Hoe straalapparatuur afstellen voor maximale prestaties?
Hoe straalapparatuur afstellen voor maximale prestaties?
Het ontwerp van de straalapparatuur kan een grote invloed hebben op de verkregen conditie van de oppervlaktevoorbereiding en de efficiëntie van het stralen. Het gebruik van goed afgestelde straalapparatuur kan uw straaltijd aanzienlijk verkorten en de kwaliteit van het afgewerkte oppervlak verhogen.
In dit artikel leren we hoe u de straalapparatuur kunt aanpassen voor maximale prestaties.
1. Optimaliseer de luchtdruk voor gritstralen
De optimale straaldruk is minimaal 100 psi. Als u lagere drukken gebruikt, zal de productiviteit vrijwel zeker afnemen.
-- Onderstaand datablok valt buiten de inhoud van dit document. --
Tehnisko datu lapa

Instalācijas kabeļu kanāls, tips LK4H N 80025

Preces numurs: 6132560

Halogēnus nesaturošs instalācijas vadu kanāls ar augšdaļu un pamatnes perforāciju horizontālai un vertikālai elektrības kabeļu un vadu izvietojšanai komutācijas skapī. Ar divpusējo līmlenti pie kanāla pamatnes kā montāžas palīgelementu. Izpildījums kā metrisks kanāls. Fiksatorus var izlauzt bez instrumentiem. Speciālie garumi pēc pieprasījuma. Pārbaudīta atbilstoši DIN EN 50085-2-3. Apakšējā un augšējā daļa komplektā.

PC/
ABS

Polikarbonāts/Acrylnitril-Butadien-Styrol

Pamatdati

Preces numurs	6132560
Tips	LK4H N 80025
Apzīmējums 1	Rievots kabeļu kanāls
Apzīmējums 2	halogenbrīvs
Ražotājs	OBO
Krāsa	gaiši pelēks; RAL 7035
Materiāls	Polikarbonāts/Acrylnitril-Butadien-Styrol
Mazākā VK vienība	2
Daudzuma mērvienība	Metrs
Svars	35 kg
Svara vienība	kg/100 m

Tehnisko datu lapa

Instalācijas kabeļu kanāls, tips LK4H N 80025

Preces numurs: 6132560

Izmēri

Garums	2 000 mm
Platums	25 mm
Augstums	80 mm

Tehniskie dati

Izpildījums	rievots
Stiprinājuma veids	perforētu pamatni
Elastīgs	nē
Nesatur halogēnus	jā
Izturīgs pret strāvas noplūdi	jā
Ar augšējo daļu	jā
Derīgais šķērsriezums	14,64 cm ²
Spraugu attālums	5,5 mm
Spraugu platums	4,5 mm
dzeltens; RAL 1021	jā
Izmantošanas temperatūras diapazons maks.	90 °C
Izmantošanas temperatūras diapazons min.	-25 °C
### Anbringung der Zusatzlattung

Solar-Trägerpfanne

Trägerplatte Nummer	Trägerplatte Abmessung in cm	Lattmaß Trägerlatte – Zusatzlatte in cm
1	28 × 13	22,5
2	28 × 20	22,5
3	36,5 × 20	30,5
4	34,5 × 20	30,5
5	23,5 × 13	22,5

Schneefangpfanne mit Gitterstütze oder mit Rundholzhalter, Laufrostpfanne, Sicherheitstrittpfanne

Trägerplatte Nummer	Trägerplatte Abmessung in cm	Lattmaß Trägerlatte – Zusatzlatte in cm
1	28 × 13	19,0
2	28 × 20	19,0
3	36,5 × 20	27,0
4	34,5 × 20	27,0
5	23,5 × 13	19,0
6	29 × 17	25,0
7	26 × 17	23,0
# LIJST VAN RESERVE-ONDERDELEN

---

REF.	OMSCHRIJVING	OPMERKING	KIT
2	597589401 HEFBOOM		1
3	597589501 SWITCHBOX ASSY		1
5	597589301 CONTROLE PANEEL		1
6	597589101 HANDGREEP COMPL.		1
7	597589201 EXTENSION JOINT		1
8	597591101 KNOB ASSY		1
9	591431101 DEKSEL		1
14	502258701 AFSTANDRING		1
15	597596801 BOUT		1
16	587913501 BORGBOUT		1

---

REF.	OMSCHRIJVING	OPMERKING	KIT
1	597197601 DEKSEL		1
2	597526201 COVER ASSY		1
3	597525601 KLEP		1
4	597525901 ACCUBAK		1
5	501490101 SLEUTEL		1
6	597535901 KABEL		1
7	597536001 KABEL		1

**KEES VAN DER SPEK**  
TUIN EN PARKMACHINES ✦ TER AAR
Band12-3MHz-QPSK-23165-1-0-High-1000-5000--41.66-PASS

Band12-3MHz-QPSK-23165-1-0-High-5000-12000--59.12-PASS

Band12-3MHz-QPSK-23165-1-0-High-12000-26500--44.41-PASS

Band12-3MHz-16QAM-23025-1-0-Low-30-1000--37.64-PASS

En de straalefficiëntie daalt met ongeveer 1,5% voor elke 1 psi onder 100.
Zorg ervoor dat u de luchtdruk meet bij het mondstuk in plaats van bij de compressor, omdat er een onvermijdelijke drukval zal zijn tussen de compressor en het mondstuk, vooral wanneer u een lange slang gebruikt.
Meet de spuitmonddruk met een injectienaaldmeter die in de straalslang wordt gestoken, direct voor de spuitmond.
Bij het aansluiten van extra apparatuur moet de compressor de juiste afmetingen hebben om voldoende luchtdruk bij elk mondstuk te behouden (min. 100 psi).
2. Gebruik een geschikte doseerklep voor schuurmiddelen om een optimaal verbruik te garanderen
De doseerklep is een cruciaal onderdeel van de toevoer van schuurmiddel naar het mondstuk, dat nauwkeurig de hoeveelheid schuurmiddel die in de luchtstroom wordt geïntroduceerd, regelt.
Open en sluit de klep enkele slagen om een nauwkeurige dosering te garanderen. Test de productiesnelheid door op het oppervlak te stralen. Te veel schuurmiddelen kunnen ertoe leiden dat de deeltjes met elkaar in botsing komen, waardoor de snelheid wordt vertraagd en uiteindelijk de afwerkingskwaliteit wordt aangetast. Te weinig straalmiddel zal resulteren in een onvolledig straalpatroon, wat resulteert in een lagere productiviteit omdat sommige gebieden opnieuw moeten worden gedaan.
3. Gebruik de juiste maat en type straalmondstuk
De diameter van de boring van de straalpijp kan direct van invloed zijn op de productiviteit van de straalklus. Hoe groter de boring van het mondstuk, hoe groter het gestraalde oppervlak, waardoor de straaltijd korter wordt en de productiviteit wordt verbeterd. De grootte van de spuitmonden moet echter afhankelijk zijn van de projectspecificatie en de beschikbaarheid van lucht. Er moet een balans zijn tussen compressor-, slang- en mondstukmaten.
Naast de grootte van de spuitmond is het type spuitmond ook van invloed op het straalpatroon en de productiviteit. Mondstukken met rechte boring produceren een smal straalpatroon, dat vaak wordt gebruikt voor puntstralen. Venturi-nozzles produceren een breder patroon samen met een hogere schuursnelheid, wat een hogere productiviteit mogelijk maakt.
Ook moet u de straalmondstukken regelmatig inspecteren en indien nodig vervangen. De mondstukvoering zal na verloop van tijd slijten en een grotere boring vereist meer lucht om de mondstukdruk en de schuursnelheid te behouden. Het is dus beter om een mondstuk te vervangen wanneer deze is afgesleten tot 2 mm van de oorspronkelijke grootte.
4. Gebruik de juiste straalslang
Kies voor straalslangen altijd een goede kwaliteit en gebruik de juiste diameter om wrijvingsverliezen te minimaliseren.
Een grove richtlijn voor het dimensioneren van slangen is dat de straalslang drie tot vijf keer de diameter van het mondstuk moet zijn. Slanglengtes moeten zo kort zijn als de omstandigheden ter plaatse toelaten, en fittingen van de juiste maat moeten worden geïnstalleerd om onnodig drukverlies in het hele systeem te voorkomen.
5. Controleer de luchttoevoer
Controleer regelmatig de luchttoevoer en blaas met koele en droge perslucht. Door vochtige lucht kan het schuurmiddel gaan klonteren en de slang verstoppen. Het kan er ook voor zorgen dat vocht condenseert op het substraat, wat resulteert in blaarvorming die kan leiden tot falen van de coating.
De luchttoevoer moet ook vrij zijn van compressorolie, omdat dit het schuurmiddel en vervolgens de gereinigde oppervlakken kan verontreinigen.